Instead, in the space of just a few hours, Nokia will try to convince the world it’s still alive and kicking and its products matter in the grand scheme of tech things, whereas Apple will do what it knows best: roll out “more of the same” and, courtesy of bitching marketing, convince everybody it has reinvented the wheel… again.
That’s all fine and dandy if you’re into retro (read fugly) designs and useless tiles on the one hand and overly simplistic software and overpriced hardware on the other. But why should Android enthusiasts give a damn about the latest installment in Nokia’s “World” press event series and however the hell Apple is nicknaming its tedious product announcements nowadays?
Well, you know what they say. Keep your friends close and your enemies closer. Besides, unlike you know who, we Android aficionados always like to keep an open mind and give everyone a fair chance to impress us.

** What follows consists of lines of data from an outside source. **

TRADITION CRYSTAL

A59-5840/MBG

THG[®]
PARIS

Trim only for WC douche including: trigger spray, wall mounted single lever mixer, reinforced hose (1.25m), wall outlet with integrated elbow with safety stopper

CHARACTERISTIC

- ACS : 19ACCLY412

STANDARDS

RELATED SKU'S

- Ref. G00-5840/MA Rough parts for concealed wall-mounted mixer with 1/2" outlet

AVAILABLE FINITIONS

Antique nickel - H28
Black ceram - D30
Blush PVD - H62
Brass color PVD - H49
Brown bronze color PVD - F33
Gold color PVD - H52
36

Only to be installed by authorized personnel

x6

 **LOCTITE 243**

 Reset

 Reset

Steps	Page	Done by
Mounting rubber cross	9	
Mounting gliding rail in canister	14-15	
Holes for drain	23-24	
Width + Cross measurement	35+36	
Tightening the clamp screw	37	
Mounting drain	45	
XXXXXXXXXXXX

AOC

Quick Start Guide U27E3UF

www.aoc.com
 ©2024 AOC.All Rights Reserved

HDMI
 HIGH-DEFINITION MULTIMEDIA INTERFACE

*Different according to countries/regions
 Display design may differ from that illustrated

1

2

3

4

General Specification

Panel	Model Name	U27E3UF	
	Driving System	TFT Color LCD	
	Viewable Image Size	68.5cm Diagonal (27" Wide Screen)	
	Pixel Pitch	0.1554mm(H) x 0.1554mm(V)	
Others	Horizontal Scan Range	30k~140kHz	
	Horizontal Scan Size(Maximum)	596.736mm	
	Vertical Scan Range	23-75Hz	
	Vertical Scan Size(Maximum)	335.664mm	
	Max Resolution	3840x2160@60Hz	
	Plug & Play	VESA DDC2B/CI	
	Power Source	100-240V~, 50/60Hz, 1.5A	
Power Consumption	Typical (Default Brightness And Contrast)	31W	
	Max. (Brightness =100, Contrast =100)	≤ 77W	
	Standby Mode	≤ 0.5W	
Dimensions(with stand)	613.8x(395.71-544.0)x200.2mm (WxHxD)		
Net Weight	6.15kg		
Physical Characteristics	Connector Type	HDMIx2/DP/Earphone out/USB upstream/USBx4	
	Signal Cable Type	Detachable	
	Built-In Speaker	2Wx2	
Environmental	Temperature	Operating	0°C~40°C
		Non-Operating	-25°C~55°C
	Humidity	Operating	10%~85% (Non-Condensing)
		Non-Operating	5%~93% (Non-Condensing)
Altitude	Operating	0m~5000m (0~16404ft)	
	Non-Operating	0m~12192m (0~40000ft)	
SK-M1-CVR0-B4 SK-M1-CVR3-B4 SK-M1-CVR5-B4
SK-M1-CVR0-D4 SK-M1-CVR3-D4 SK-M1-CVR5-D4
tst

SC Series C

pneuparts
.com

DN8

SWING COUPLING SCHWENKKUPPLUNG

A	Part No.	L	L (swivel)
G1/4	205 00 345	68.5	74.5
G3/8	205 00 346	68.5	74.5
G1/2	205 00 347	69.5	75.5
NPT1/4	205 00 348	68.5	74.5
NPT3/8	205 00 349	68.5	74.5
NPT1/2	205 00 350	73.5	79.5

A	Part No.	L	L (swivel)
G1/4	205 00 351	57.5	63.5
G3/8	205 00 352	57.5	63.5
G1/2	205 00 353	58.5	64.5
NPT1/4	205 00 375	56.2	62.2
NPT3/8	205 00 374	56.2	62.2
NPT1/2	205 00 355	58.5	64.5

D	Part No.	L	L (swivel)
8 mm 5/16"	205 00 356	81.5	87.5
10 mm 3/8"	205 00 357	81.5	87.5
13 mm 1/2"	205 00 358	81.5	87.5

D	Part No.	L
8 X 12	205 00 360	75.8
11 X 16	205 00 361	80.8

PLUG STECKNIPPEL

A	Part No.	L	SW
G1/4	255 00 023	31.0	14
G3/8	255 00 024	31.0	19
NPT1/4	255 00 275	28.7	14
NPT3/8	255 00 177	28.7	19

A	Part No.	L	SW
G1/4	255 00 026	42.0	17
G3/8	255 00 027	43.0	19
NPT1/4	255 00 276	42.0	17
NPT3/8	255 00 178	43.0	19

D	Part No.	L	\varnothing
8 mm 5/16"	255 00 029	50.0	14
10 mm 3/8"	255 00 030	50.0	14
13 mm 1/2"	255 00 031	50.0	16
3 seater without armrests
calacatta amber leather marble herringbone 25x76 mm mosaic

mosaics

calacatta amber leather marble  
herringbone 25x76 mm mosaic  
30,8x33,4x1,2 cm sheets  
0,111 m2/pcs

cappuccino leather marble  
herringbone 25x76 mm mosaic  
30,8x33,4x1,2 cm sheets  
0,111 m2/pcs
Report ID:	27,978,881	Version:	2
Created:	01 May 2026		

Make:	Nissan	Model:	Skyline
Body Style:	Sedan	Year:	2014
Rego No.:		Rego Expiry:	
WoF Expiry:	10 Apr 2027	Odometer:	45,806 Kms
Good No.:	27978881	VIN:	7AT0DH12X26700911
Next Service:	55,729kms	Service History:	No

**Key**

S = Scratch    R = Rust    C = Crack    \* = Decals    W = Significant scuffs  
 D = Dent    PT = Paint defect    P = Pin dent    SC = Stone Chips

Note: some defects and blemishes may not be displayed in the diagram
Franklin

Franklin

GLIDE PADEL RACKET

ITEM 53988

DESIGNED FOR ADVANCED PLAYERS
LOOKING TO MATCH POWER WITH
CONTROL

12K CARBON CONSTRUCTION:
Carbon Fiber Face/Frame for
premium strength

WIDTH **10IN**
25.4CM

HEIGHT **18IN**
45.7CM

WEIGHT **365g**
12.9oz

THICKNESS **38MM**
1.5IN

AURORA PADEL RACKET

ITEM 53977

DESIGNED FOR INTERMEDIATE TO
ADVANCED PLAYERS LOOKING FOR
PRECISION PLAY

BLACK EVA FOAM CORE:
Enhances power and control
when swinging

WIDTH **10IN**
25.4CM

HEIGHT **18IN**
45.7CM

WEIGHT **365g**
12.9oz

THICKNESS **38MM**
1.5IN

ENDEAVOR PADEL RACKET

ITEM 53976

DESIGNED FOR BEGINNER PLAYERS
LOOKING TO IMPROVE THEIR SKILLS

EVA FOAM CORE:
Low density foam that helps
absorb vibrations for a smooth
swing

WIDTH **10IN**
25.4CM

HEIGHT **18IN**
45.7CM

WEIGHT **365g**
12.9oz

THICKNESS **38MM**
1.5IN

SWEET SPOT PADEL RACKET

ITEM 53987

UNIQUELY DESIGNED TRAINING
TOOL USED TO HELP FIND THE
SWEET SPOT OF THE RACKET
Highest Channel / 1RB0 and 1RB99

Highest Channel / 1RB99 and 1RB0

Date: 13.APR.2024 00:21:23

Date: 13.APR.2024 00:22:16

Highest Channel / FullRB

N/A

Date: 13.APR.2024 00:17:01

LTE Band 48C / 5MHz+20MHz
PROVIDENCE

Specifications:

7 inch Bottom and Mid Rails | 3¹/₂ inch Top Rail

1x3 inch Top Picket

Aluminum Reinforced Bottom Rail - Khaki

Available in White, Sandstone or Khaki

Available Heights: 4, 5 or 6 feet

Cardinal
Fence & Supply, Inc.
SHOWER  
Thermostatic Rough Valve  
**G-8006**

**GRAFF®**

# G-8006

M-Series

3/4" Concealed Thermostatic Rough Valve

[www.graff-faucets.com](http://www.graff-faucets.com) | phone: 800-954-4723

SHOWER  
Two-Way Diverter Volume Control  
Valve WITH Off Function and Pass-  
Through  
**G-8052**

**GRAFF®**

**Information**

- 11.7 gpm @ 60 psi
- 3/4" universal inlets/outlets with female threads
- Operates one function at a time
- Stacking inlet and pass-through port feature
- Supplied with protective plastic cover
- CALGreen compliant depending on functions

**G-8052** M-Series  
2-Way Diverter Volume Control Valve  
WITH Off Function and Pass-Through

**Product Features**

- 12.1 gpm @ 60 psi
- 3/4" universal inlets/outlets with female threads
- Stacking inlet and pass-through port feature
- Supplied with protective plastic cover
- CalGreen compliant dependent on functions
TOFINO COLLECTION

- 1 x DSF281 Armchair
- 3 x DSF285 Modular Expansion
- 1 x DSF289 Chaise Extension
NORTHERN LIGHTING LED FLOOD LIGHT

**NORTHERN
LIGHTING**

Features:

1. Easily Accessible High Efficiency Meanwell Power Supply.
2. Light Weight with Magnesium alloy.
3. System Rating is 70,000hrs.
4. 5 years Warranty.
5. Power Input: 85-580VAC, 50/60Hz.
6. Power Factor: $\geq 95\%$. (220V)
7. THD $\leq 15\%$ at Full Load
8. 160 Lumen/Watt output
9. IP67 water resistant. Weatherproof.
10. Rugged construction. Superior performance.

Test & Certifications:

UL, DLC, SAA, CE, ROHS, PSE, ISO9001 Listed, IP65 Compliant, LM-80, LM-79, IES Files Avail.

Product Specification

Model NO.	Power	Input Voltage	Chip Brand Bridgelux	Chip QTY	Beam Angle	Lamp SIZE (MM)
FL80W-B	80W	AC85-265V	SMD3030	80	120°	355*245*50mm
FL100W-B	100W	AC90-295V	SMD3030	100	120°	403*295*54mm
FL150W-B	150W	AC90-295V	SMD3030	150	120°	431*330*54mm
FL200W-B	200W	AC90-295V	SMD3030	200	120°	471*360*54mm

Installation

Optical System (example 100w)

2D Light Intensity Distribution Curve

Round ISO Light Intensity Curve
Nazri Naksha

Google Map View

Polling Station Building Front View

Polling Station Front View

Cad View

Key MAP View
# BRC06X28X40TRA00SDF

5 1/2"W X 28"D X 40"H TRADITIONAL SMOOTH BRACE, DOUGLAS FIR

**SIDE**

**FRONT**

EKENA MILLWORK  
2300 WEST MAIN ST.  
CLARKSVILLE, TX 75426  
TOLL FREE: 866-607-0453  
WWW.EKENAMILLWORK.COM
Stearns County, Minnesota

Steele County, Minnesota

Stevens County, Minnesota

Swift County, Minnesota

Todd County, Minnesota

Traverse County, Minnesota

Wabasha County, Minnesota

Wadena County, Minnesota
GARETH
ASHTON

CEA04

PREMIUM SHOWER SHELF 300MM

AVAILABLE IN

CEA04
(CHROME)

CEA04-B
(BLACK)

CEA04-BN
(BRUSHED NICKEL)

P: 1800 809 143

So go ahead, Nokia, Apple, show us what you got and why we should care.
Nokia World – what it’s all about
Though rumor has it Nokia will have a bag full of new gizmos to announce in Abu Dhabi (of all places), I think it’s obvious for everyone meager Asha products don’t really count in the grand scheme of things. Which leaves the Finns with three or four aces up their sleeves.
Number one, the Lumia 1520. The first Windows Phone with Full HD and quad-core power (oh, welcome to the club) is said to leave all compromises behind and blend generous screen real estate (6 inches or so) with breezy multitasking (2 gigs of RAM), incredible raw speed and top-notch camera technology (20.6 MP PureView snapper).
Then there’s the 2520, Nokia’s first ever tablet, rumored to be quite impressive in the hardware department, but only run Windows RT on the software side of things. Number three, there’s a Lumia 929 for Verizon, which in a nutshell will be a 1520 in a more compact, 5-inch body. And then there’s a 1320 “Batman”, which some sources say will be the international flavor of the 929, while others a low-end, large screener.
Finally, Nokia will bring forth the Lumia 525, an incremental upgrade for the 520, currently the best-selling Lumia in the world.
Why we should care
- The 5-inch Lumia 929, if it comes with Full HD, 2 GB RAM, 20 MP camera and Snapdragon 800, sounds pretty darn impressive. A little late to the party, but impressive nevertheless.
Why we shouldn’t care
- Windows RT. Enough said
- If real estate is all about location, location, location, mobile tech is all about timing, timing, timing. And the 929 and 1520, as impressive as they may be, are, or better yet, will be late. Just think about it. They won’t launch until mid-November, at best. And they’ll cost $250 with contracts, at best. Meanwhile, you have the GNote 3 out and about, Sony’s Xperia Z1, LG’s G2, HTC’s One max… Shall I carry on?
- 4-inch Lumia 525? Possible 4.7-inch Lumia 1320 with dual-core CPU and 480 x 800 pix res panel? Puh-lease!
Apple iPad event – what it’s all about
Guess I don’t have to tell you Cupertino is not really a fan of the “putting as many eggs in as many baskets” strategy. As such, don’t expect an avalanche of new products from them. Just two. A “full-sized”, fifth-generation, 9.7-inch iPad and a second-gen 7.9-inch iPad Mini.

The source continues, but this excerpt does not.